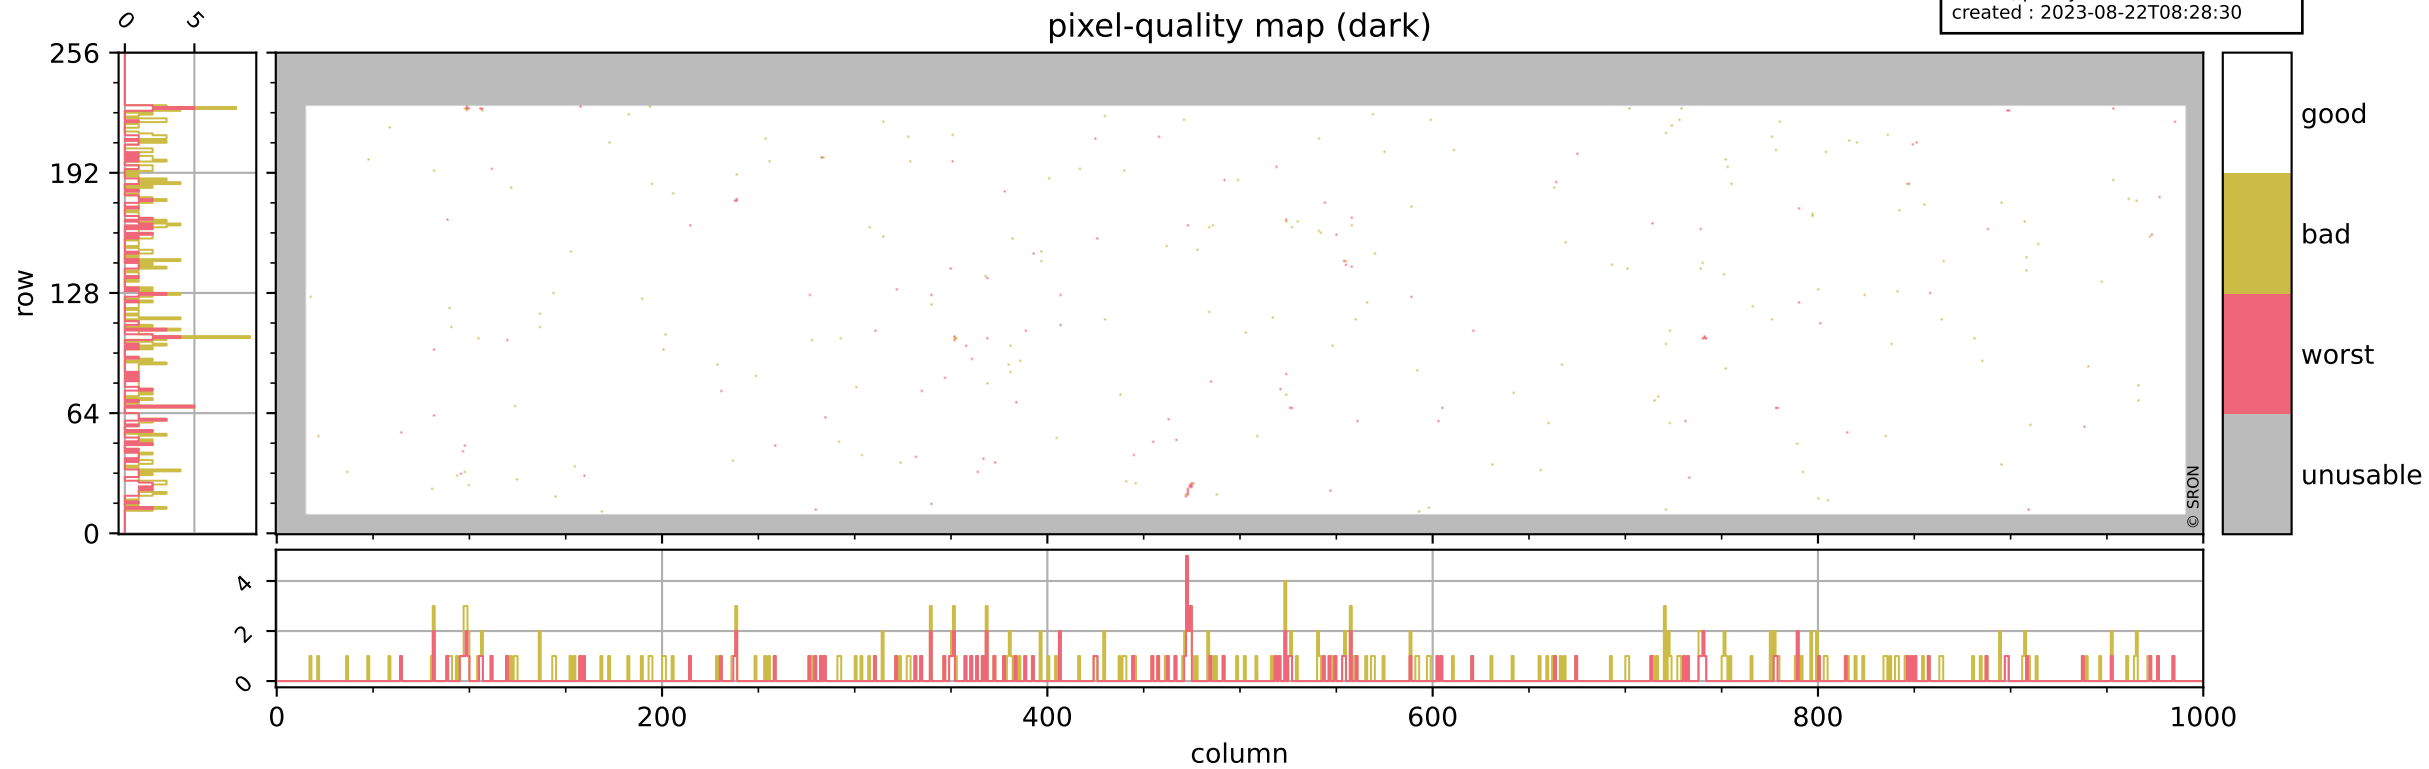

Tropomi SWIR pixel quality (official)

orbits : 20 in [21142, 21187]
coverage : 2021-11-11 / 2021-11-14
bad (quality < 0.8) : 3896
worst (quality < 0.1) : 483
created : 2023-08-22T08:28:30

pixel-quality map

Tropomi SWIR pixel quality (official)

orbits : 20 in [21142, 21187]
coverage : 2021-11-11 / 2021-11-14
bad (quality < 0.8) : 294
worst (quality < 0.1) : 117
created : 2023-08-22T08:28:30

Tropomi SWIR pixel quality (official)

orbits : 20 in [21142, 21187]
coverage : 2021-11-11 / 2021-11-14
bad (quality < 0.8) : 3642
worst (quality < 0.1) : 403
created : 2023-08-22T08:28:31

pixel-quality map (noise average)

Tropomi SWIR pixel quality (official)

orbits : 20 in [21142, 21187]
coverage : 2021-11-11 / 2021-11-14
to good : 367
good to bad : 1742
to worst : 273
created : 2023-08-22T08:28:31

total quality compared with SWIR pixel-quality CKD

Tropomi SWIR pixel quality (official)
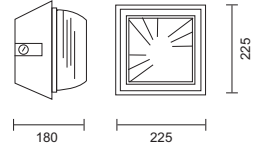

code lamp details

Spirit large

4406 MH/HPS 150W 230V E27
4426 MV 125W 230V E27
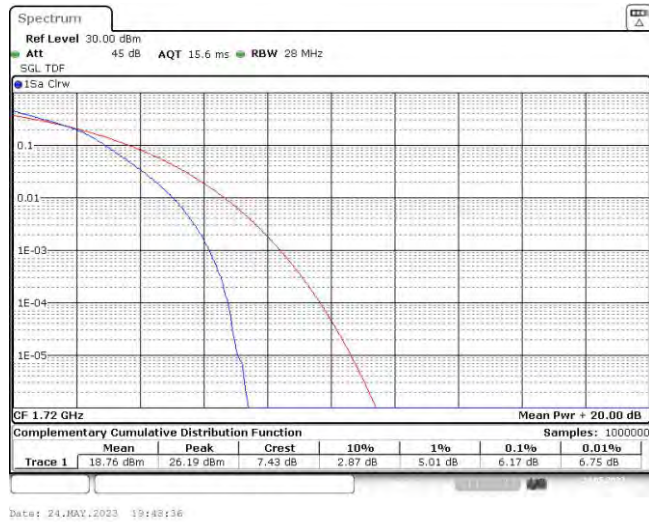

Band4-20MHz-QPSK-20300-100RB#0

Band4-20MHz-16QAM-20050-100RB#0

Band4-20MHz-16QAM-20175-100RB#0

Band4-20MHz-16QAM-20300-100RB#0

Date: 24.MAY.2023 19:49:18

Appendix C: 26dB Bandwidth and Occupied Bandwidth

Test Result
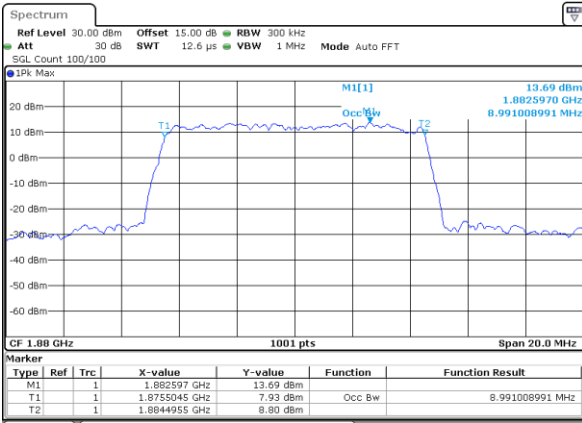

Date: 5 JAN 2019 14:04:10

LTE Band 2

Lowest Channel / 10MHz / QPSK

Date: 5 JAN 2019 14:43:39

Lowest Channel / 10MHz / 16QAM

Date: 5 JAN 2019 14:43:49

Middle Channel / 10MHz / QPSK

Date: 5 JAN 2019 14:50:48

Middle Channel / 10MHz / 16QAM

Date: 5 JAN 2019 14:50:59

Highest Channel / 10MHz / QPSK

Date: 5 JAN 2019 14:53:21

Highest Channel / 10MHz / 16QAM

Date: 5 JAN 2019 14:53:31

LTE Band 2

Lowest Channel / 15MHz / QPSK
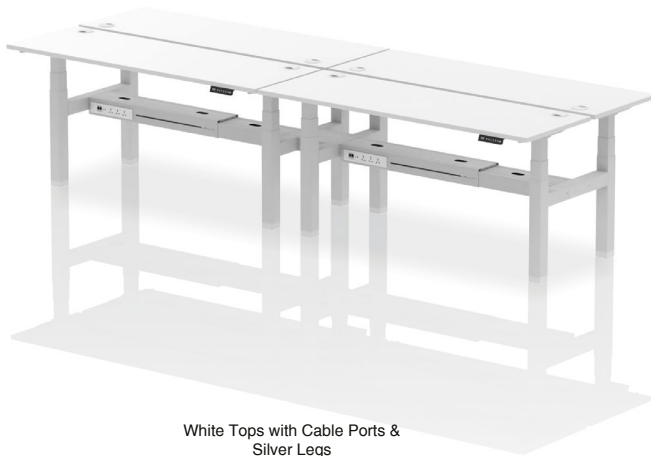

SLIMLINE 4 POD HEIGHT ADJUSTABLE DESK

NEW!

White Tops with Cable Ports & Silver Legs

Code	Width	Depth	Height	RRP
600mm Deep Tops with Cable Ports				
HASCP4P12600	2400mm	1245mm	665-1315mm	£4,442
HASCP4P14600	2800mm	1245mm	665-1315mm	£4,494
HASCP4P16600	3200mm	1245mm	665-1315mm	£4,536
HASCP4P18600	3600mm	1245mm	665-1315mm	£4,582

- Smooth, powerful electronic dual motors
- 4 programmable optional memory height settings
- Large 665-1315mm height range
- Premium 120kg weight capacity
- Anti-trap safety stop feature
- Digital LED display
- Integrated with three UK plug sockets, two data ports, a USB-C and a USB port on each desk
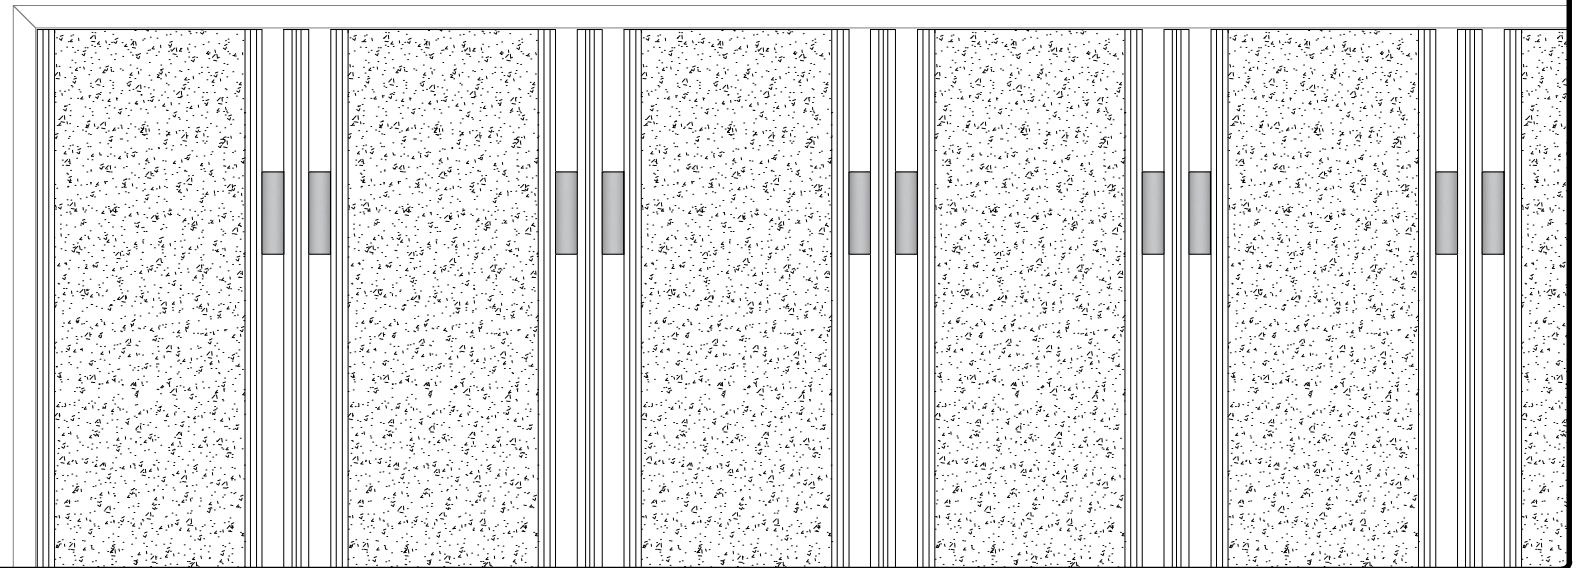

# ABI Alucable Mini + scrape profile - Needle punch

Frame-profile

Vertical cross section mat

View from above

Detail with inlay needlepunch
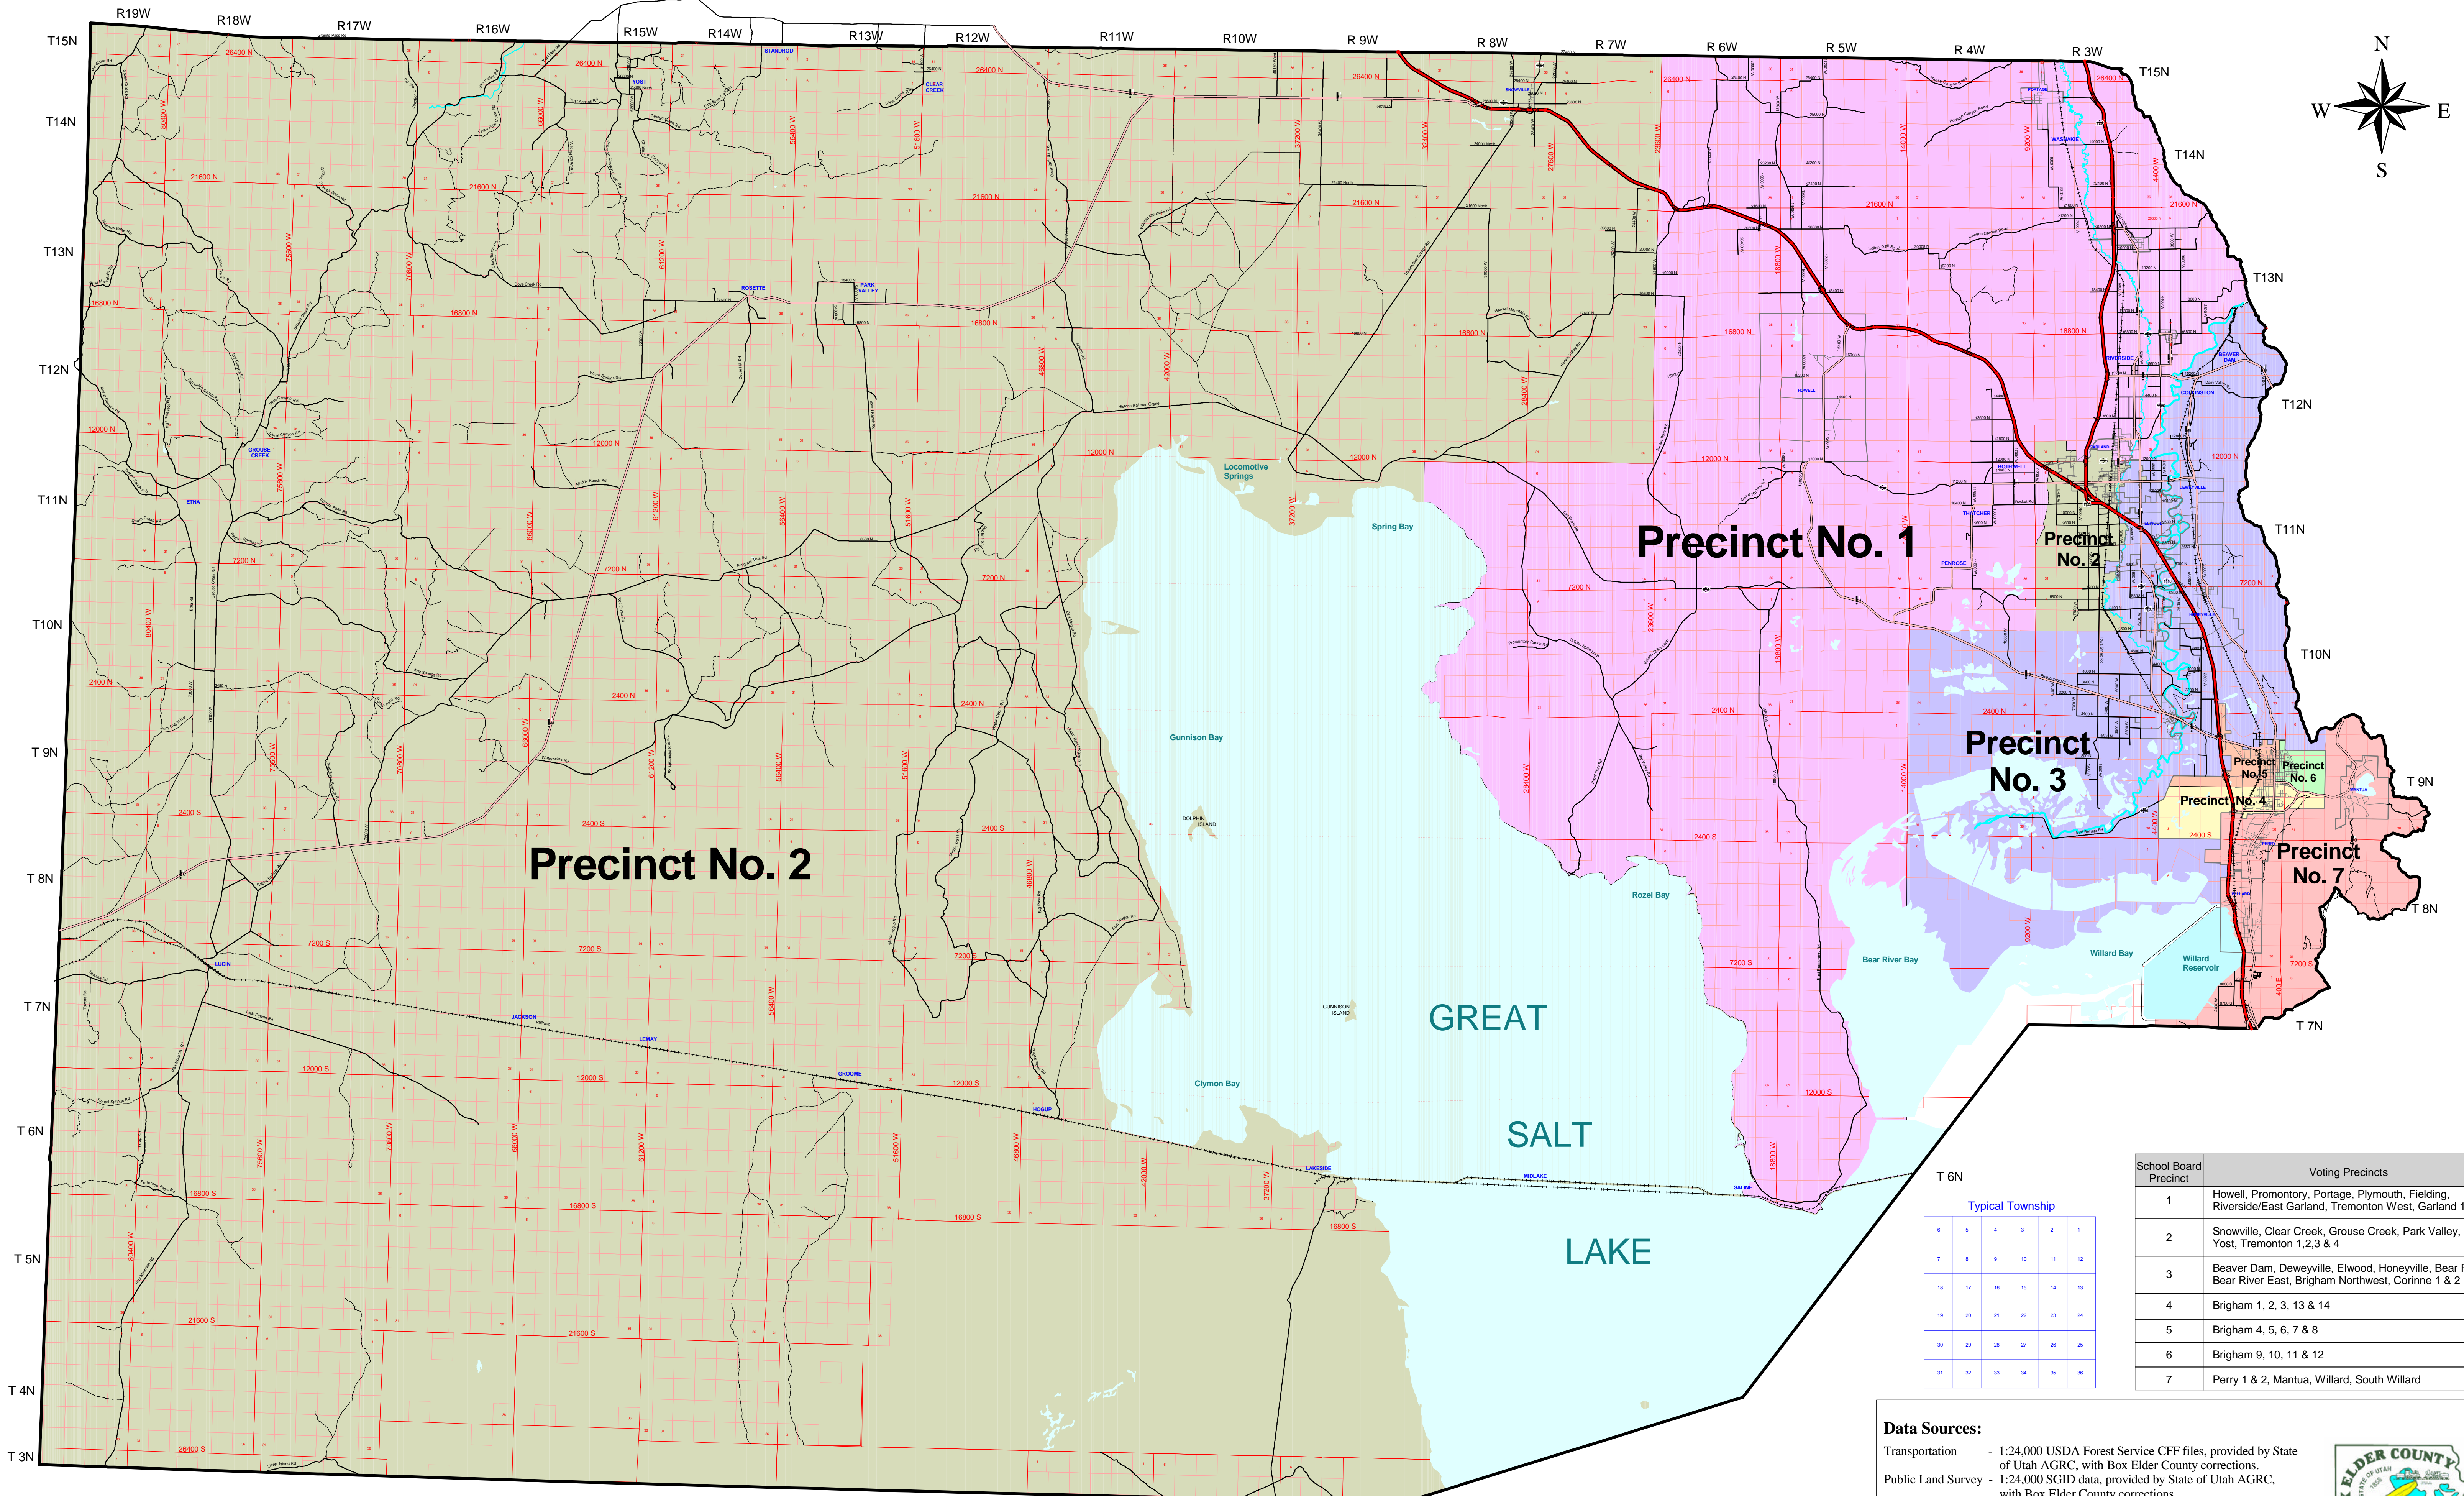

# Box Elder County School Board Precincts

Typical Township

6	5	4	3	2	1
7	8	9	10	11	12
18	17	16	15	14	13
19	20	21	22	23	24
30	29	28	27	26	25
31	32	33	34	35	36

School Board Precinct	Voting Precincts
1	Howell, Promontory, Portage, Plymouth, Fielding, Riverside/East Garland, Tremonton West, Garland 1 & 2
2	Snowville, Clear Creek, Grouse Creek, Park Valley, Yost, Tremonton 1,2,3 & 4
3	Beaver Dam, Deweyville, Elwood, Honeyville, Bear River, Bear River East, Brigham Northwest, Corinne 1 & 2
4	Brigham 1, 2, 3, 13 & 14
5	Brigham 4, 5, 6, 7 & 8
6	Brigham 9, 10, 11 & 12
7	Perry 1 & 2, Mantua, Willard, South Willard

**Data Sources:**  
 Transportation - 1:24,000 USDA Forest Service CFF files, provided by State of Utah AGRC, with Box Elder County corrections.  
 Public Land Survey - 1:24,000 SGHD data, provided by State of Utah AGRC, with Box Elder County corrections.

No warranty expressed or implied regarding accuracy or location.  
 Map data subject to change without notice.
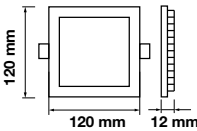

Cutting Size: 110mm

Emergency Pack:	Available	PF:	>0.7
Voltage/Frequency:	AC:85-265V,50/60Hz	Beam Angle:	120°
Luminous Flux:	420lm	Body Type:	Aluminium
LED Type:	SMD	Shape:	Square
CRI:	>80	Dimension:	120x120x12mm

Exercise >> Leave the images out and transcribe the rest of the material exactly.

Written answer >>
Tropomi SWIR pixel quality (official)

orbits : 20 in [21142, 21187]
coverage : 2021-11-11 / 2021-11-14
bad (quality < 0.8) : 3896
worst (quality < 0.1) : 483
created : 2023-08-22T08:28:30

pixel-quality map

Tropomi SWIR pixel quality (official)

orbits : 20 in [21142, 21187]
coverage : 2021-11-11 / 2021-11-14
bad (quality < 0.8) : 294
worst (quality < 0.1) : 117
created : 2023-08-22T08:28:30

Tropomi SWIR pixel quality (official)

orbits : 20 in [21142, 21187]
coverage : 2021-11-11 / 2021-11-14
bad (quality < 0.8) : 3642
worst (quality < 0.1) : 403
created : 2023-08-22T08:28:31

pixel-quality map (noise average)

Tropomi SWIR pixel quality (official)

orbits : 20 in [21142, 21187]
coverage : 2021-11-11 / 2021-11-14
to good : 367
good to bad : 1742
to worst : 273
created : 2023-08-22T08:28:31

total quality compared with SWIR pixel-quality CKD

Tropomi SWIR pixel quality (official)

code lamp details

Spirit large

4406 MH/HPS 150W 230V E27
4426 MV 125W 230V E27

Band4-20MHz-QPSK-20300-100RB#0

Band4-20MHz-16QAM-20050-100RB#0

Band4-20MHz-16QAM-20175-100RB#0

Band4-20MHz-16QAM-20300-100RB#0

Date: 24.MAY.2023 19:49:18

Appendix C: 26dB Bandwidth and Occupied Bandwidth

Test Result

Date: 5 JAN 2019 14:04:10

LTE Band 2

Lowest Channel / 10MHz / QPSK

Date: 5 JAN 2019 14:43:39

Lowest Channel / 10MHz / 16QAM

Date: 5 JAN 2019 14:43:49

Middle Channel / 10MHz / QPSK

Date: 5 JAN 2019 14:50:48

Middle Channel / 10MHz / 16QAM

Date: 5 JAN 2019 14:50:59

Highest Channel / 10MHz / QPSK

Date: 5 JAN 2019 14:53:21

Highest Channel / 10MHz / 16QAM

Date: 5 JAN 2019 14:53:31

LTE Band 2

Lowest Channel / 15MHz / QPSK

SLIMLINE 4 POD HEIGHT ADJUSTABLE DESK

NEW!

White Tops with Cable Ports & Silver Legs

Code	Width	Depth	Height	RRP
600mm Deep Tops with Cable Ports				
HASCP4P12600	2400mm	1245mm	665-1315mm	£4,442
HASCP4P14600	2800mm	1245mm	665-1315mm	£4,494
HASCP4P16600	3200mm	1245mm	665-1315mm	£4,536
HASCP4P18600	3600mm	1245mm	665-1315mm	£4,582

- Smooth, powerful electronic dual motors
- 4 programmable optional memory height settings
- Large 665-1315mm height range
- Premium 120kg weight capacity
- Anti-trap safety stop feature
- Digital LED display
- Integrated with three UK plug sockets, two data ports, a USB-C and a USB port on each desk

# ABI Alucable Mini + scrape profile - Needle punch

Frame-profile

Vertical cross section mat

View from above

Detail with inlay needlepunch

# Box Elder County School Board Precincts

Typical Township

6	5	4	3	2	1
7	8	9	10	11	12
18	17	16	15	14	13
19	20	21	22	23	24
30	29	28	27	26	25
31	32	33	34	35	36

School Board Precinct	Voting Precincts
1	Howell, Promontory, Portage, Plymouth, Fielding, Riverside/East Garland, Tremonton West, Garland 1 & 2
2	Snowville, Clear Creek, Grouse Creek, Park Valley, Yost, Tremonton 1,2,3 & 4
3	Beaver Dam, Deweyville, Elwood, Honeyville, Bear River, Bear River East, Brigham Northwest, Corinne 1 & 2
4	Brigham 1, 2, 3, 13 & 14
5	Brigham 4, 5, 6, 7 & 8
6	Brigham 9, 10, 11 & 12
7	Perry 1 & 2, Mantua, Willard, South Willard

**Data Sources:**  
 Transportation - 1:24,000 USDA Forest Service CFF files, provided by State of Utah AGRC, with Box Elder County corrections.  
 Public Land Survey - 1:24,000 SGHD data, provided by State of Utah AGRC, with Box Elder County corrections.

No warranty expressed or implied regarding accuracy or location.  
 Map data subject to change without notice.

Cutting Size: 110mm

Emergency Pack:	Available	PF:	>0.7
Voltage/Frequency:	AC:85-265V,50/60Hz	Beam Angle:	120°
Luminous Flux:	420lm	Body Type:	Aluminium
LED Type:	SMD	Shape:	Square
CRI:	>80	Dimension:	120x120x12mm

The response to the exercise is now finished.